Body Culture



Milanese mannequin maker La Rosa – producer of fashion display models since the 1920s – is combining artistry with modern technology to smarten up the shop dummy’s act

From Versace’s Dionysian disco to Armani’s greige getaways, Italian designers have made their name selling clothes with the lifestyle to match. This is the focus of Italiana: Italy Through the Lens of Fashion, 1971-2001, an exhibition curated by Maria Luisa Frisa and Stefano Tonchi, on show until 6th May at Milan’s Palazzo Reale. Across nine rooms, mannequins stand draped in iconic pieces by the likes of Walter Albini, Gianfranco Ferré, Gucci and Prada. They are elegant effigies and exemplars of Made in Italy know-how. Anonymous yet distinct, 150 of the mannequins were crafted at La Rosa, a company that has been hand-finishing models in Milan since 1922, thus helping shape the story of Italian fashion.

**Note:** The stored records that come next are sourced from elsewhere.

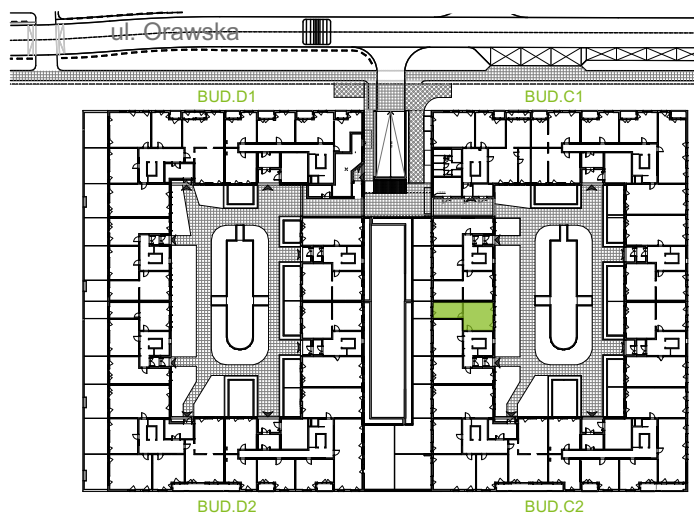

Orawska Vita.

nr C2/H/03

Powierzchnia **48,41 m²**

Piętro **0**

Aranżacja mieszkania jest przykładowa.

Powierzchnia użytkowa

Komunikacja	6,66 m ²
Kuchnia	9,22 m ²
Łazienka	4,55 m ²
Salon	17,44 m ²
Sypialnia	10,54 m ²
Razem	48,41 m²
+Ogródek	11,75 m ²

Rzut kondygnacji Parter 0

U nas nigdy nie płacisz za powierzchnię pod ścianami działowymi.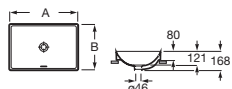

Lavabo de sobre encimera de Fineceramic®

	Blanco	Colores mate
Ø370 (sin orificio para grifería)	A32768J..0	€ 174,00 € 210,00

Lavabo de encimera de Fineceramic®

A x B	Blanco	Colores mate
600 x 400 (sin orificio para grifería)	A32768M000	€ 158,00
500 x 380 (sin orificio para grifería)	A32768K000	€ 144,00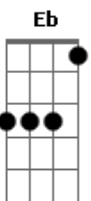

© ukulele-chords.com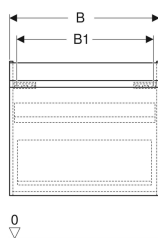

**Geberit Renova Plan Unterschrank für Waschtisch, mit einer Schublade und einer Innenschublade**

Beispielbild

**Eigenschaften**

- FSC™ C134279 zertifiziert
- Wandhängend
- Mit einer Schublade
- Mit einer Innenschublade
- Griffmulde zum Öffnen
- Schublade mit Selbsteinzug
- Schubladen ohne Geruchsverschlussausschnitt

- Feuchtigkeitsbeständig
- Front aus MDF
- Vormontiert geliefert

**Technische Daten**

Werkstoff	Hochverdichtete Dreischicht-Holzspanplatte
Schubladenbelastung max.	30 kg

**Lieferumfang**

- Unterschrank für Waschtisch
- Befestigungsmaterial

Art.-Nr.	Farbe / Oberfläche	B	B1	B2	Breite Waschtisch	H	T	T1	VE1
501.910.JR.1 *	Nussbaum hickory / Folie strukturiert	83.2 cm	77 cm	76 cm	90 cm	60.6 cm	44.6 cm	42.3 cm	1 St.

\* Auftragsbezogene Produktion

The business came into the Rigamonti family in 1969, when it was bought by a busy housewife with a head for figures. Rachele Rigamonti was juggling motherhood with hours at her husband’s accountancy firm when she purchased the small factory in Palazzolo Milanese. For decades it transformed shop windows with display dummies modelled on the beauties of silent cinema. Rigamonti modernised the manufacturing process, while proudly retaining all elements of production in Italy.

Her son Gigi is now president of the company. He took over the business in the 1980s, fresh from a stint in London studying sculpture and painting at the Royal College of Art. Changing the company’s name from Rosa Manichini to the more evocative La Rosa, he was eager to create a new dialogue between the dream and display of fashion. ‘I wanted to change direction from something lifelike to something more abstract,’ he says.

Gigi’s radical forms offered an alternative to the recognisable hand of Adel Rootstein, the London-based designer who made her name in the early 1960s creating lifelike replicas of famous women from Twiggy to Cher. Inspired by ancient mythology and modernist art, Gigi encouraged a new look for many luxury boutiques. In 1989, for instance, he created Tosca – an opulent, athletic bust that greeted visitors to all  of Gianni Versace’s stores across the world. La Rosa’s two factories, in Palazzolo Milanese and Varedo, cover 10,000 sq m combined, with around 60 staff, and are able to produce anything up to 4,000 mannequins a month. Scattered across the reception are a number of dismembered heads, busts and hands of all sizes – from the gamine showgirls of the 1930s to the lithe supermodels of the 1990s, La Rosa has marked changing standards of beauty for close to a century.

In a room dedicated to make-up and hair, an artist expertly wields both paintbrush and hairbrush to the din of Italian pop music; elsewhere, hot liquid rubber is poured into steel moulds to form legs and arms. ‘A mannequin is a body, so over time it changes a little bit, and make-up, too. But what has really changed is how mannequins are being used,’ Gigi says. ‘Everything is much more neutral today. Architects are also more involved. Brands are opening in many countries and everything inevitably begins to look the same wherever you go.’ The power of the brand has created a culture of bland.

In 1996, Gigi’s son Mattia joined the firm as CEO and instigated a quiet revolution matching modern manufacturing with an artisanal finish – everything is still touched by human hand. Mattia is as methodical as his father is madcap. ‘You need to have a passion, but we are always working on how to show ourselves in different ways,’ he says. He has made the production cycle more sustainable, too. ‘Until 2000, we were making the moulds through foundry cast, the same way you would cast bronze, but this created so much pollution that we had to find a new way.’ Today, prototypes are first sculpted by hand in plasticine and then 3D-scanned.

A bank of milling machines then uses this data to create the aluminium moulds into which molten plastic is tipped. A La Rosa mannequin can cost anything between €700 and €1,200. Handled with care, it will last for up to ten years. At present, La Rosa has around 800 items in its catalogue, including a new patented system that allows for a figure to be fixed in five different positions at the push of a button. The archive includes bespoke creations for Gianni Versace, Giorgio Armani, Valentino, Nicolas Ghesquière and Alber Elbaz. Set upright in the corner of Gigi’s chaotic office is a 6ft form made up of linen-covered ovals and triangles reminiscent of a sculpture by Brâncuși. Tastes may be flat-lining, but creating display mannequins in a world full of digital avatars has given Gigi a new frontier to cross. ‘In the 1960s, we introduced blow-moulded plastic, which was much more modern. Today, we’re using anti-shock plastic that is 100 per cent recyclable. We had to adjust our systems, but now we can remould and recast everything we make – we can keep remaking and remaking,’ he says. ‘Innovation is expensive. But it cannot stop.